_About this exercise:_
Go through the records below and set each one down exactly, leaving out any pictures.

Excerpts from a dataset
* * * * * * * * *

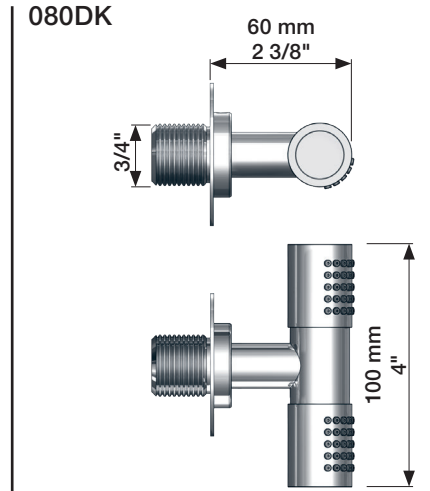

VOLA 080, 080D, 080DK, 080K, 080W

Fitting instruction  
 Montageanleitung  
 Monteringsvejledning  
 Monteringsvægledning  
 Montage hanleiding  
 Manuel de montage

Data	Bar:	1	2	3	4	5
081/081K	(l/min)	8	12	14	17	19
	(Gal/min)	2.1	3.2	3.7	4.5	5.0
081D	(l/min)	14	20	25	29	32
	(Gal/min)	3.7	5.3	6.6	7.7	8.5
080W	(l/min)	23	33	40	46	52
	(Gal/min)	6.1	8.6	11	12	14
	Max. 65°C. 150°F					

VR161:

VR161K: 7 l/min - 1.8 Gal/min

VR161D: 9 l/min - 2.5 Gal/min

VR161F: 14 l/min - 3.7 Gal/min

VR161K

VR161D

VR161F

080W: Min. flow: 14 l/min - 3.7 Gal/min.

www.vola.com

mnt\_080\_V1\_40998355

5 705230 341507

vola

Extension      Forlængerdele      Verlængstukken  
Verlängerung      Förlängning      Modification

T	Y	VR2019/2020
3 - 15 mm	110 - 98 mm	Std.
15 - 25 mm	98 - 88 mm	+10
25 - 35 mm	88 - 78 mm	+20
35 - 45 mm	78 - 68 mm	+30
45 - 55 mm	68 - 58 mm	+40
55 - 65 mm	58 - 48 mm	+50

* * * * * * * * *

_Solution to the exercise:_
VOLA 080, 080D, 080DK, 080K, 080W

Fitting instruction  
 Montageanleitung  
 Monteringsvejledning  
 Monteringsvægledning  
 Montage hanleiding  
 Manuel de montage

Data	Bar:	1	2	3	4	5
081/081K	(l/min)	8	12	14	17	19
	(Gal/min)	2.1	3.2	3.7	4.5	5.0
081D	(l/min)	14	20	25	29	32
	(Gal/min)	3.7	5.3	6.6	7.7	8.5
080W	(l/min)	23	33	40	46	52
	(Gal/min)	6.1	8.6	11	12	14
	Max. 65°C. 150°F					

VR161:

VR161K: 7 l/min - 1.8 Gal/min

VR161D: 9 l/min - 2.5 Gal/min

VR161F: 14 l/min - 3.7 Gal/min

VR161K

VR161D

VR161F

080W: Min. flow: 14 l/min - 3.7 Gal/min.

www.vola.com

mnt\_080\_V1\_40998355

5 705230 341507

vola

Extension      Forlængerdele      Verlængstukken  
Verlängerung      Förlängning      Modification

T	Y	VR2019/2020
3 - 15 mm	110 - 98 mm	Std.
15 - 25 mm	98 - 88 mm	+10
25 - 35 mm	88 - 78 mm	+20
35 - 45 mm	78 - 68 mm	+30
45 - 55 mm	68 - 58 mm	+40
55 - 65 mm	58 - 48 mm	+50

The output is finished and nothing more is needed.